Filter the records down to the lines that hold the word "Attempted", and copy each of those lines.

[Records contained in a dataset]
- - - - -

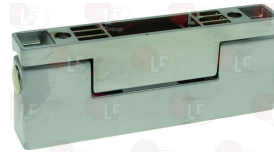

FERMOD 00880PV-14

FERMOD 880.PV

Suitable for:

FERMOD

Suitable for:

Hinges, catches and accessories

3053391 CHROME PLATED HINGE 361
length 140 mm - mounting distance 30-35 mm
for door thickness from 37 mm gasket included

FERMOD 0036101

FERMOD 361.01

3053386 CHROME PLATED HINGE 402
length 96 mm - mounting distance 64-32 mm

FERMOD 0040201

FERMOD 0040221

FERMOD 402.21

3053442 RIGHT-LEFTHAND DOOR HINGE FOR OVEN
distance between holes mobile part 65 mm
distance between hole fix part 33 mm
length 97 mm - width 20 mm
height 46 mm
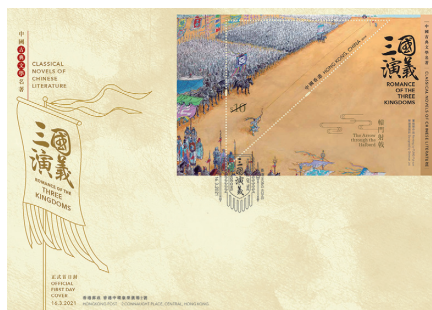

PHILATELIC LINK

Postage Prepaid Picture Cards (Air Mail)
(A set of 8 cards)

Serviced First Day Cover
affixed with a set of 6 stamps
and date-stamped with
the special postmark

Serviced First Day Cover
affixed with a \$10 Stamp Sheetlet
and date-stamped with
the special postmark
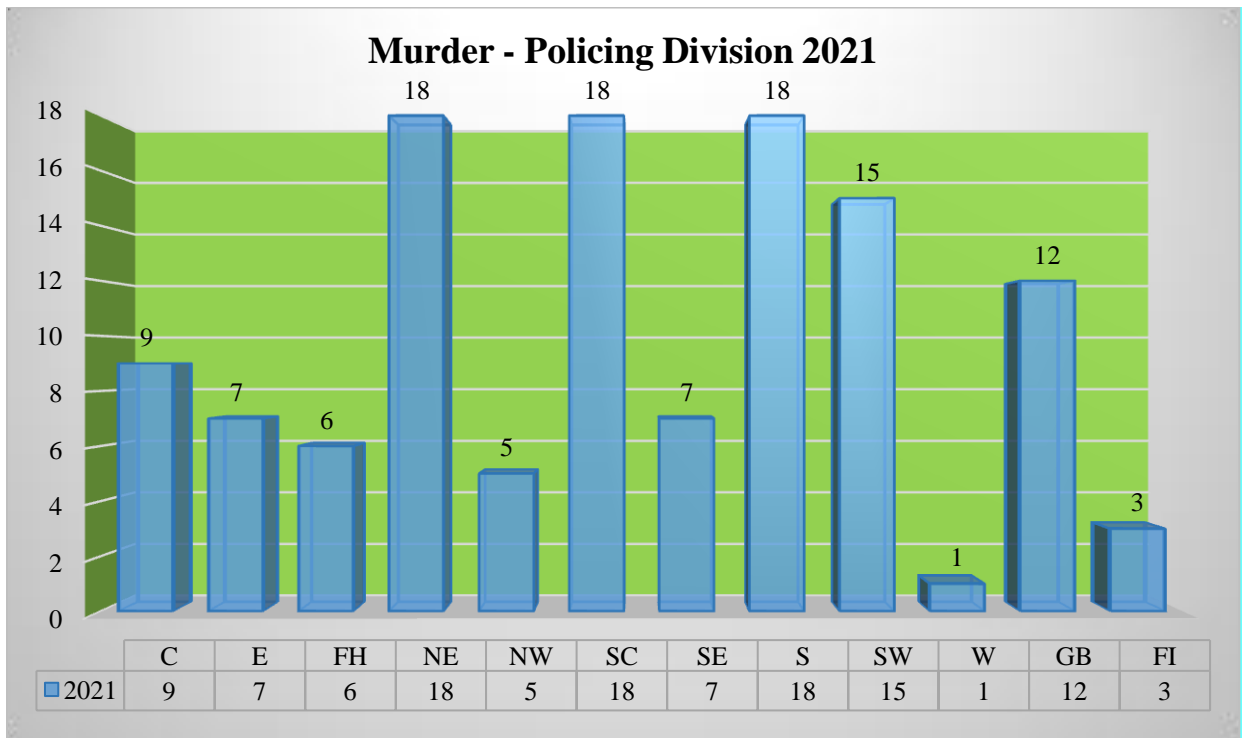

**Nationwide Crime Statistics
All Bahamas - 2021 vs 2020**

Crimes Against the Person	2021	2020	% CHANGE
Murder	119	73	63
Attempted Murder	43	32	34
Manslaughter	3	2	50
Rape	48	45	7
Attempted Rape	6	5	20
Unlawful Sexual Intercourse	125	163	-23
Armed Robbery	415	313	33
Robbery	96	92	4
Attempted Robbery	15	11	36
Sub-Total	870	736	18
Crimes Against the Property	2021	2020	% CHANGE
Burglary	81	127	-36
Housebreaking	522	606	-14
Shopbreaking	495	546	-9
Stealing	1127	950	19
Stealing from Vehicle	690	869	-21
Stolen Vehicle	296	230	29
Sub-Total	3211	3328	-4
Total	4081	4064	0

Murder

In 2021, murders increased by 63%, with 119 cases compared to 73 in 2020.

- - - - -

**Output:**
Attempted Murder	43	32	34
Attempted Rape	6	5	20
Attempted Robbery	15	11	36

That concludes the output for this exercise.